Is there any reason to add constexpr to class's methods if class hasn't any constexpr constructor? Maybe compiler can do some optimizations in this case?
Yes, one obvious case is when the class is an aggregate class. Aggregate initialization doesn't call any constructor, but can still be used in constant expression evaluation.
Even if the class is not an aggregate class, you can still call a constexpr member function in constant expression evaluation if the member function doesn't access any state of the class instance. This is obviously the case for static member functions, but can also apply to non-static member functions.

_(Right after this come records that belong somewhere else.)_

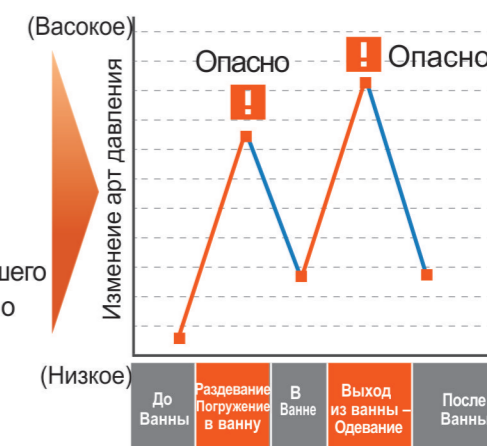

(С функцией циркуляции воздуха)

Вытяжной Вентилятор

Подогрев Воздуха

Осушение Воздуха

Сушка волос и тела

Анионная стерилизация Воздуха

Почему в ванной комнате должно быть тепло?

Перепады температур при принятии ванны / изменения артериального давления

Артериальное давление резко возрастает при погружении в ванну и резко снижается при выходе из ванны вызывая повреждения кровеносных сосудов. Людям старшего возраста и маленьким детям нужно быть особенно внимательным к резким перепадам температуры.
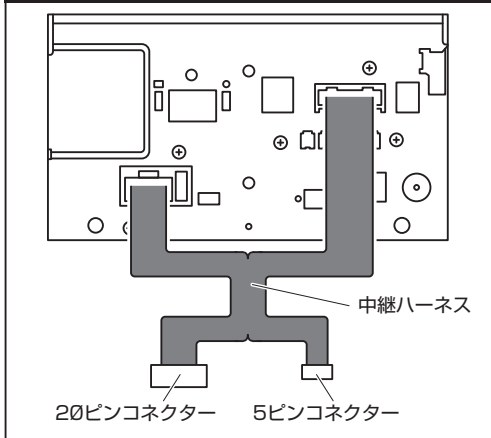

FTV357/F357DL

テレビキット 車種別分解手順

●ディーラーオプションナビ

2014年モデル

CN-LR700D **

2015年モデル

CN-LR710D **/CN-LR800D **

KXM-H700
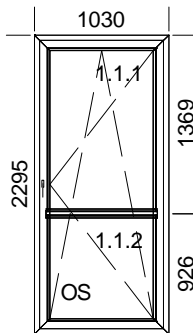

Popis pozice:

1xL

Šířka x Výška [mm]: 985 x 2010

Profil: **TROCAL 76 MD**

Typ1: Okno 76171/76273 oblé

Barva: Dekor dřeva/Bílá

Výplň:

4-16-4-16-4 LUX U=0,7

Kování:

1 x OS BD MIKRO +Schnapper+Madlo

montáž	vybourání	začištění
0,00	0,00	0,00

montáž zdvoj

**schocobraun 887505-167/bílá
meziskelní mřížka 18 mm**

cena: 3 030,-- Kč/ ks 1xL, trojsklo LUX 0,7 (78251 Berka)

2	Okno	1	7 200,00	3 960,00	7 200,00	0,00	3 960,00
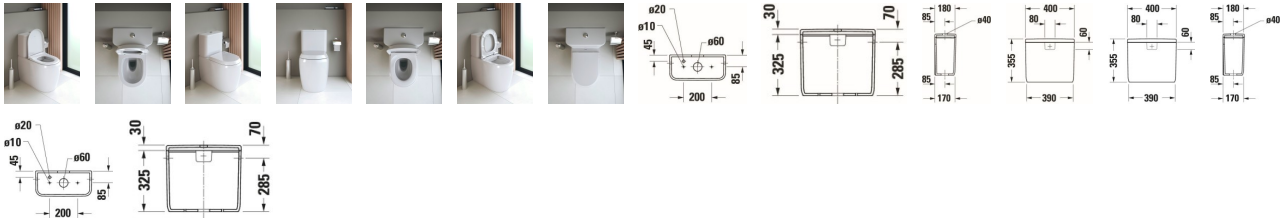

Duravit Qatego Spülkasten Weiß 400x180x355 mm - 0947100005

263,65 € *

* Preise inkl. gesetzlicher MwSt. zzgl. Versandkosten

Marke: Duravit
Bestell-Nr.: DU0947100005

Duravit Qatego Spülkasten Weiß 400x180x355 mm - 0947100005 von Duravit für #price# bei neuesbad.de kaufen. Kauf auf Rechnung Individuelle Beratung Mehrfach ausgezeichnete Shop jetzt kaufen

Duravit Qatego Spülkasten, 180 mm, Weiß, Inkl. Innengarnitur, 6/3 l, Dual Flush – 0947100005

Natürliche, weiche Formsprache mit technischer Raffinesse charakterisieren den zeitlosen Duravit Spülkasten der Serie Qatego – Design by Studio F. A. Porsche! Korpus und Abdeckung – ganz aus hochwertiger, langlebiger Sanitärkeramik mit hohem Härtegrad gefertigt – garantieren eine kratzresistente und hygienische Oberfläche und bilden die perfekte Ergänzung zum passenden WC der Qatego Serie. Die moderne und nachhaltige Hygienetechnologie mit 2-Mengen-Spülsystem sorgt für einen minimalen Spülwasserbedarf, da je nach Bedarf zwischen zwei Spülmengen gewählt werden kann (Dual-Flush-Spültechnik).

Details:

- Aus hochwertiger, langlebiger Sanitärkeramik: Besonders widerstandsfähiges, kratzresistentes Material mit hohem Härtegrad, reinigungsfreundlicher und hygienischer Oberfläche
- Effizienter, sparsamer Wasserverbrauch: Unified Water Label (UWL) Klasse 2
- Große Spülwassermenge: 6 Liter
- Wassersparende 2-Mengen-Spülung: Nach Bedarf kleine oder große Spülmenge auswählbar (Dual-Flush)

weitere Details:

- Duravit Qatego Spülkasten
- Weiß
- Spülwassermenge: 6 / 3 l
- Inkl. Innengarnitur
- Dual Flush
- Position Wasseranschluss: Unten links 3/8"
- Oberfläche Spülbedienung: Chrom
- Verdeckter Anschluss

For example, the following is valid:
struct A {
int i;
// The only usable constructor is the default constructor,
// which is not `constexpr`.
// The class is also not an aggregate class because of these declarations.
A() : i(0) {}
A(const A&) = delete;
constexpr int getZero() {
// return i; would be IFNDR
return 0;
}
};
int main() {
A a;
constexpr int x = a.getZero();
}
You must be careful though, because if it is completely impossible to call the member function as subexpression of any constant expression, then marking it constexpr anyway makes the program ill-formed, no diagnostic required (IFNDR). In other words the compiler may refuse to compile such a program.
Also, how often such a situation comes up and the constant evaluation use case is intended (especially for non-static member functions), is a different question.